# A girl and her boots!



## duckaddictedchic (Jan 7, 2006)

I am from NC and 2 of my friends and I are heading to ND on friday to hunt. I am looking forward to this vacation more then any other I have ever taken. I am very jealous of you guys because you live in one of the greatest duck hunting areas in the world. I am a detective in a small police department and I have warned the chief if my hunt goes well, he may need to replace me!  Anyway, I need your experience and knowledge, heres my question, due to the fact that I am a woman  :wink: the boots on my waders are super heavy after a lot of walking, if our plan is to hunt the potholes and the fields, are my waders a necessity, or will good rubber boots work? Any opinions or advice would be helpful! With respect and thanks!


----------



## DeltaBoy (Mar 4, 2004)

Welcome to the site...

I am sure you'll have a great time in Nodak.

1. If you hunt fields you shouldn't need your waders.

2. If you hunt small shallow potholes (transitons sloughs) it's 50/50.

I think for comfort you might want to bring your waders for those "just in-case" situations.

Good Luck!


----------



## rhino2003 (Aug 18, 2006)

I always bring the waders with and only wear them when I need to. If I'm decoying water then I'll wear them but I wouldn't wear them if you're hunting fields, boots will be sufficient. If they're neoprene waders you'll just get overheated walking around in them.


----------



## usmarine0352 (Nov 26, 2005)

1. Bring Boots.

2. Bring Waders.

3. Bring Boot/Wader dryer.

If you have both foot apparel options you can decide which one to implement depending on your situation.

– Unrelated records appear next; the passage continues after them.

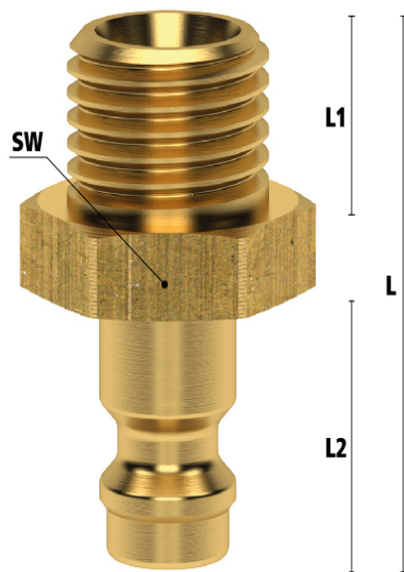

Dimensies

Artikelnummer	Draad	L	SW	L1	L2	Gewicht
ESM101NA	M10x1	26	13	8	14	11
ESM121NA	M12x1,5	28,5	17	10	14	18
ESM141NA	M14x1,5	28,5	17	10	14	19
ESM18NA	1/8" BSPP	25	13	7	14	11
ESM14NA	1/4" BSPP	27,5	17	9	14	18
ESM38NA	3/8" BSPP	27,5	19	9	14	21
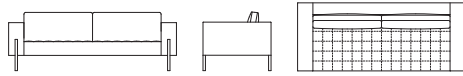

スティール ■ BK

PRICE

	FABRIC		LEATHER	
R	309,100	AL	482,900	
I	339,900	L	563,200	
T	370,700	LE	643,500	
Z	401,500	LX	723,800	
⌘	271,700	※張地をご支給の場合		

SOFA 3-SEATER

ソファ 3人掛 (クッション2分割)

W1960xD900xH770 SH380 AH630

ITEM NO.

AVENUE 2412
アヴェニュー 2412

スティール ■ BK

	FABRIC		LEATHER	
R	508,200	AL	900,900	
I	567,600	L	1,079,100	
T	627,000	LE	1,257,300	
Z	686,400	LX	1,435,500	
⌘	436,700	※張地をご支給の場合		

SOFA 3-SEATER (L)

ソファ 3人掛 (L) (クッション2分割)

W2220xD900xH770 SH380 AH630

ITEM NO.

AVENUE 2413
アヴェニュー 2413

スティール ■ BK

	FABRIC		LEATHER	
R	543,400		/	
I	606,100			
T	668,800			
Z	731,500			
⌘	467,500	※張地をご支給の場合		

SOFA 3-SEATER (L)

ソファ 3人掛 (L) (クッション3分割)
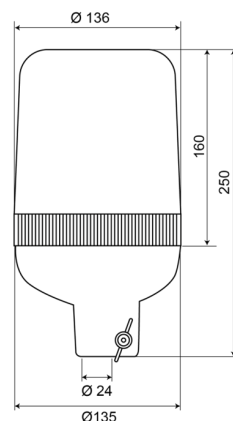

LAMPEGGIANTI ROTANTI

59012C

Lampeggiante rotante | montaggio con tubo | 12V | bianco

EAN: 5414184002630

Specifiche

Altezza mm	250 mm	Gamma di altezza	241 - 320 mm
Colore	Bianco	Gamma di diametri	171 - 210 mm
Connessione	Montaggio su tubo	Grado di protezione IP	IP65
Da ordinare presso	1	Montaggio	Montaggio su tubo, rigido
Diametro mm	136 mm	Peso (kg)	1 Kg
ECE R65	No	Rotazioni al minuto	180 +/- 30
EMC	EMC	Temperatura di esercizio	-30°C / +50°C
Fonte luminosa	Alogeno	Tensione operativa	12V
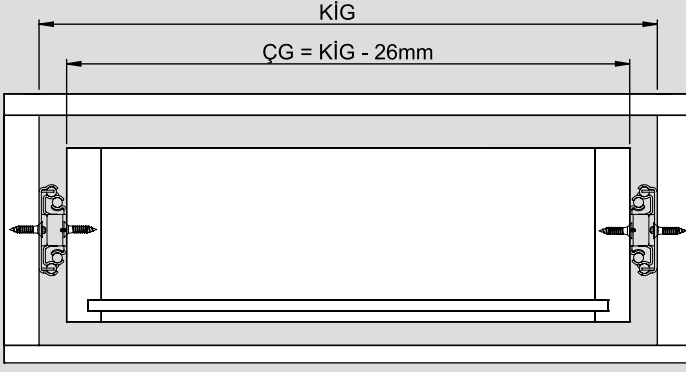

Teknik Ölçüler / Dimensiones técnicas

Parçalar / Piezas

Tavsiye Edilen Vida / Tornillos recomendados

Kabin Ölçüleri / Dimensiones del armario

Çekmece Ölçüleri / Dimensiones del cajón

K1G : Kabin İç Genişliği / Ancho interior del armario
ÇG : Çekmece Genişliği / Ancho del cajón

KD : Kabin Derinliği / Profundidad del armario
ÇD : Çekmece Derinliği / Profundidad del cajón

RB : Ray Uzunluğu / Longitud nominal

Montaj / Montaje

1

2

3

4

5
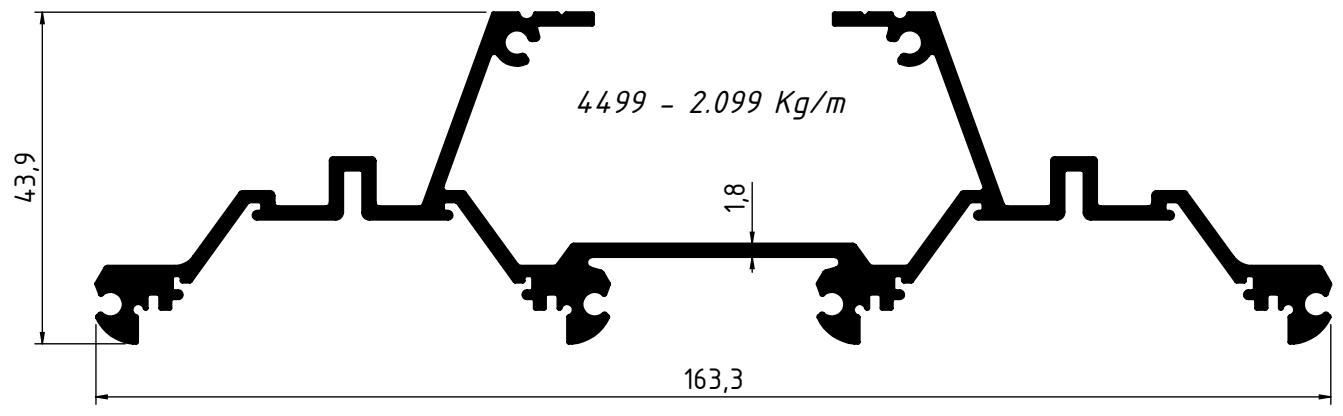

UZUNER
ALÜMİNYUM

Aydınlatma Yüksek Tavan Profilleri
Lighting High Ceiling Profiles

3936 - 2.502 Kg/m

UZUNER
ALÜMİNYUM

Aydınlatma Driver Kutu Profili

Lighting Driver Box Profile

3892 - 1.769 Kg/m

2692 - 0.954 Kg/m
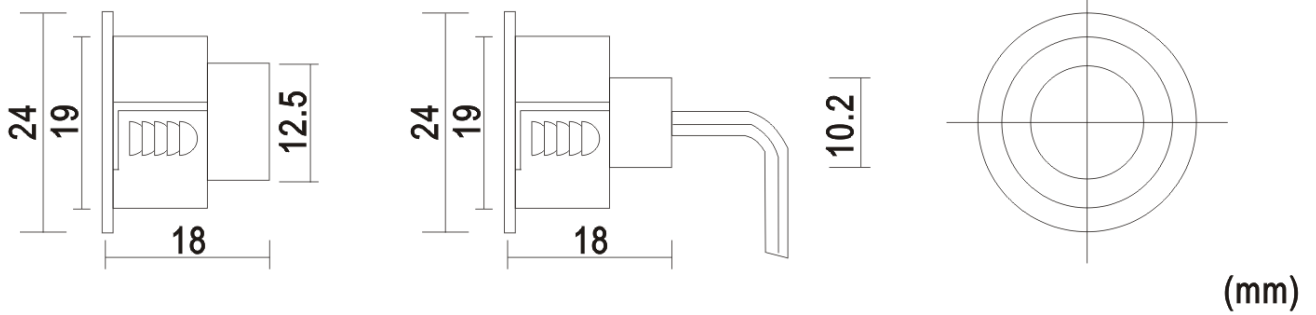

RS-MC25

RS-MC31

偵測方式：磁力感應

動作距離

RS-MC25：25mm 以內

RS-MC31：12mm 以內

接點容量：30V，0.2A 以下

外觀顏色：棕色、白色

裝設位置：門、窗

RS-MC25

RS-MC31

Remember, if you think it's going to go over your boot/waders, it WILL. It's Murphy's Law.

I always leave about 2 inches on my waders and boot tops, because everytime I have thought that I could make it just out a little deeper.......I couldn't. LOL.

If you get wet, your boot/wader dryer will help you out.

I'm 5'3 110lbs.......waders will....and do.....wear you out walking in them. So bringing good high knee boots is a good idea. Whether they are waterproof leather, or rubber ones.

There is also always HIP WADERS. But those can wear you out too.

Good Luck, tell us what you choose.

:sniper:


----------



## Bigdog (Aug 13, 2003)

I have a pair of waders but have never worn them, I just use hip boots. Every once and a while it gets refreshing when the water is an inch to deep, but I really haven't had a need for the waders yet.


----------



## Waterspaniel (Oct 10, 2005)

Hello to a fellow officer!

I have a solution that may solve your problems. A few years back, we bought a Decoy Dolly. Handy cart for decoys, guns, etc. Well, Decoy Dolly is out of business, but..... Ameristep/Grizzly treestands has a deer car that may be just about as good. Load your waders, guns, and decoys up and off you go. Then switch to them when you get where you are going. Two people can pull the cart super easy, rather than lugging everything.

I forget the price, but go to the Ameristep web site. It may need a tad of modification for decoys.

Actually, Cabelas had the Decoy Dolly in the last catalog, limited #'s. The thing that is nice is that it comes with a decoy bag that straps to the cart. The straps keep the dolly and other gear in place.

From my experience, you better take the waders. Some of those holes are calf high, some way over your head. I know of one spot in Paticular that goes from knee high to 8 feet - like RIGHT NOW! Waders saved my hunt that day. Ohh, I got wet....but the Neoprene kept me warm and toasty on a 30 degree day until we went in later that day to hunt upland.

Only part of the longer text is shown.